(PROVIDED MATERIAL)

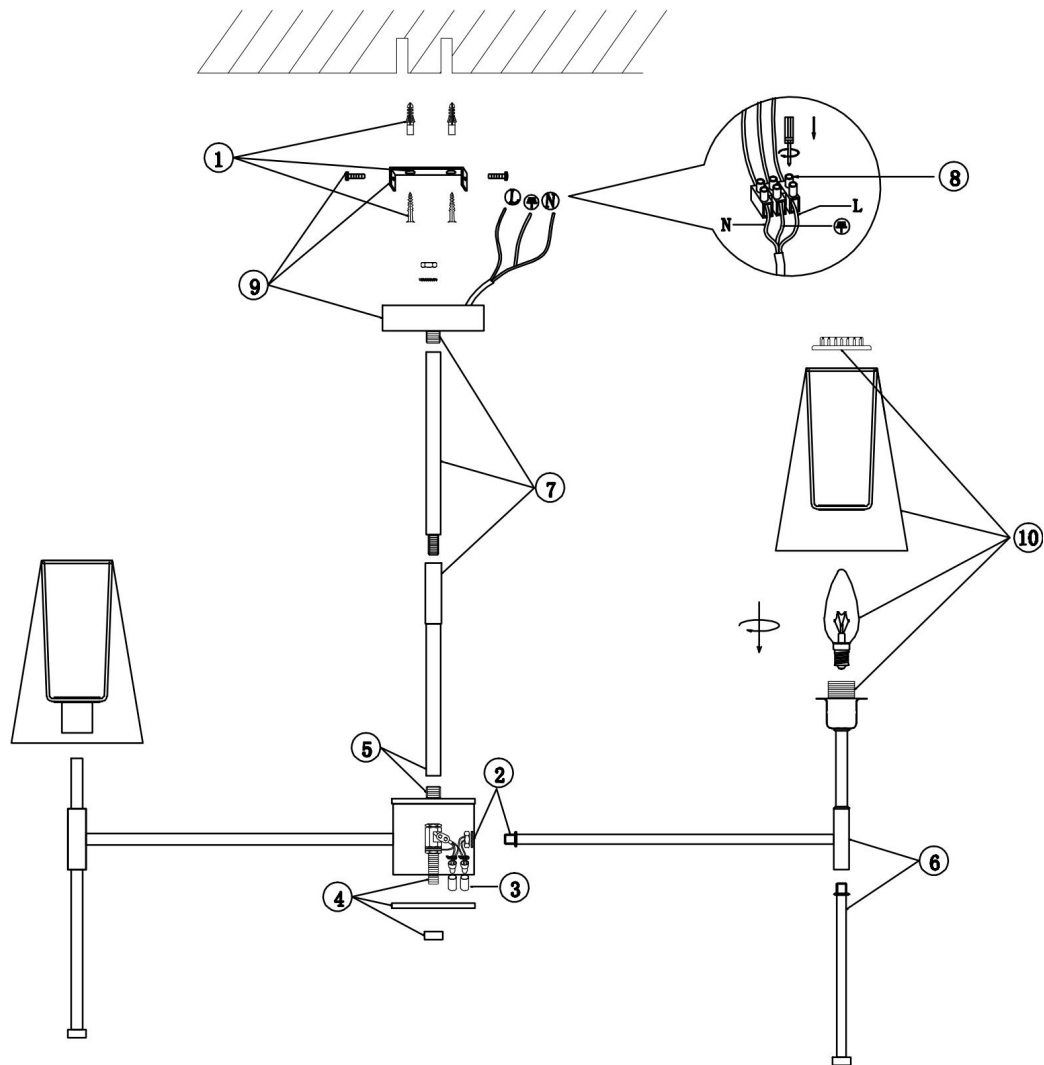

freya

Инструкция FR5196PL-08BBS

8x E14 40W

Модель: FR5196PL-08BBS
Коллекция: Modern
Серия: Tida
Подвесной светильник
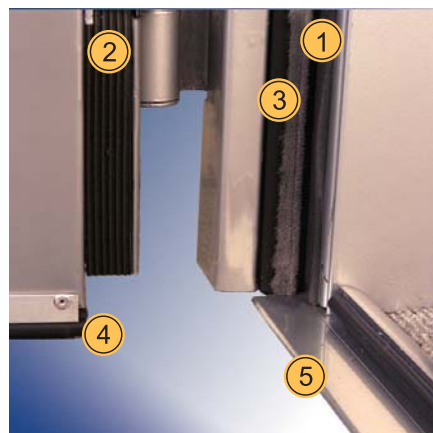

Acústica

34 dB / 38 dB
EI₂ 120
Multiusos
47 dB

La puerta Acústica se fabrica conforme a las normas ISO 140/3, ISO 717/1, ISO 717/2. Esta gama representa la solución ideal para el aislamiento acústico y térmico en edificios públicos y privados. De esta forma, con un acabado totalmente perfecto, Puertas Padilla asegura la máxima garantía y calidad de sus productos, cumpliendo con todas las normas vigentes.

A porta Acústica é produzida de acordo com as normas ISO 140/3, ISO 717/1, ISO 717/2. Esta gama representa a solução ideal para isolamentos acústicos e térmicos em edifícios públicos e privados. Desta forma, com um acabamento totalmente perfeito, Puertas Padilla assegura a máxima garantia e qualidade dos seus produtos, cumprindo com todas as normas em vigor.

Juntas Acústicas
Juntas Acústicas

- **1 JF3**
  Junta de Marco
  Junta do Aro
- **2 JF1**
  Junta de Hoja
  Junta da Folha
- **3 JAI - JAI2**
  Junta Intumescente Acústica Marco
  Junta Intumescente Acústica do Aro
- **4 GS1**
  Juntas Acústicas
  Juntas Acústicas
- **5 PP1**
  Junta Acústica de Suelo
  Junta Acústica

(End PROVIDED MATERIAL)

▶ WORK INSTRUCTIONS
Copy, from the lines above, each one that holds "Marco".

▶ RESPONSE
  Junta de Marco
  Junta Intumescente Acústica Marco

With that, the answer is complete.